** Problem description **
Repeat exactly, and only, the lines of the entries below from the one with "- injixo: WFM in the cloud for £9/user/month" through the one with "- No need for a capex budget - open", both ends included.

** Entries taken from a collection **
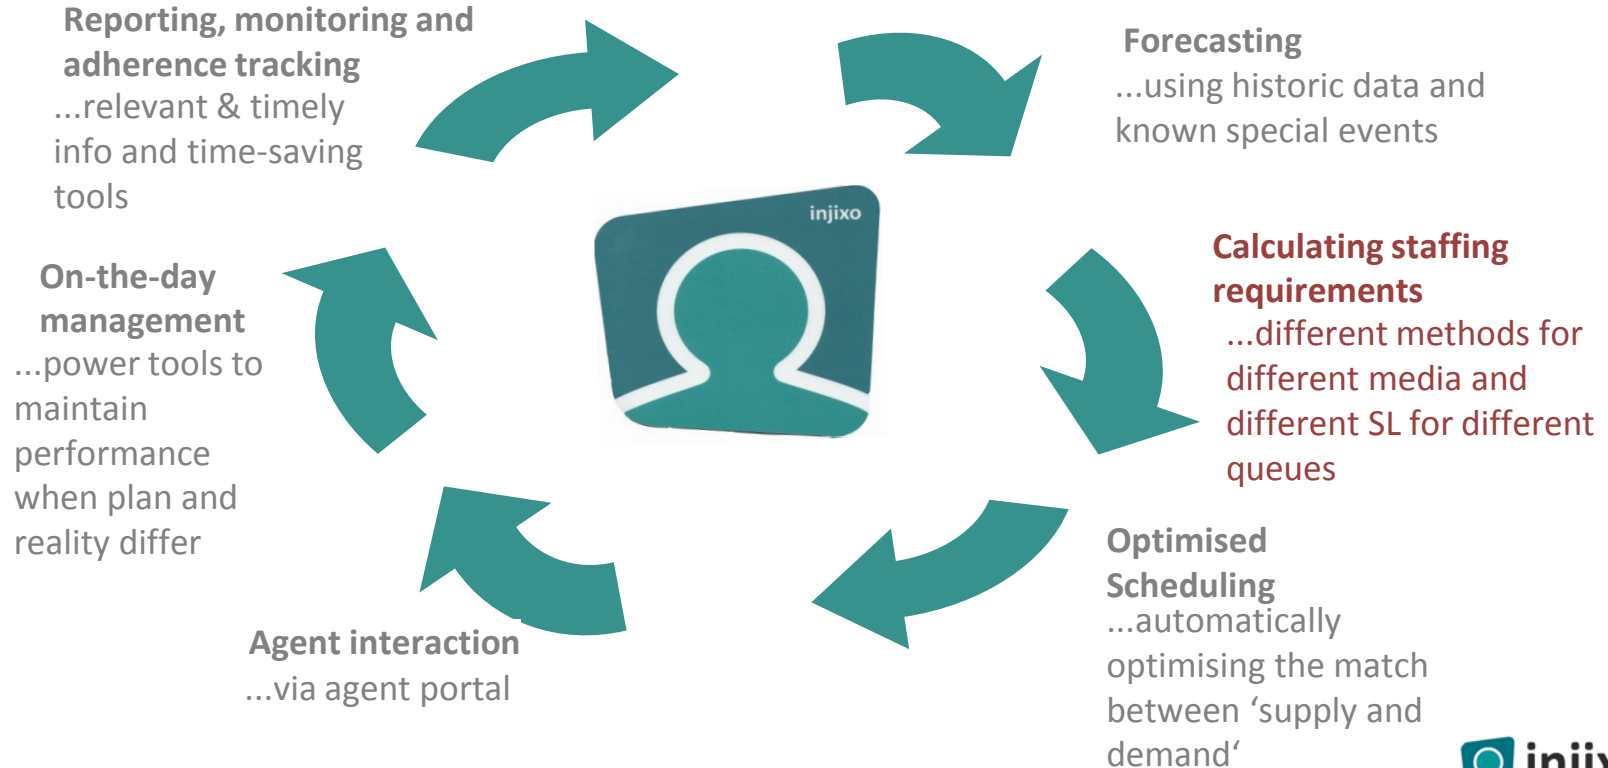

WFM software enables best practice

The WFM Cycle

The WFM Cycle

The WFM Cycle

The WFM Cycle

The WFM Cycle

Software demonstration

WFM now costs less than you think!

- injixo: WFM in the cloud for £9/user/month
- Everything you need via a web browser
- No server or heavy IT project
- No setup fee – training included
- No minimum term – exit anytime
- Uptime guarantee
- Cloud = continuous innovation
- Vault-like security (PCI DSS, etc.)
- No need for a capex budget - open
- Flex capacity up and down as needed

** Solution **
- injixo: WFM in the cloud for £9/user/month
- Everything you need via a web browser
- No server or heavy IT project
- No setup fee – training included
- No minimum term – exit anytime
- Uptime guarantee
- Cloud = continuous innovation
- Vault-like security (PCI DSS, etc.)
- No need for a capex budget - open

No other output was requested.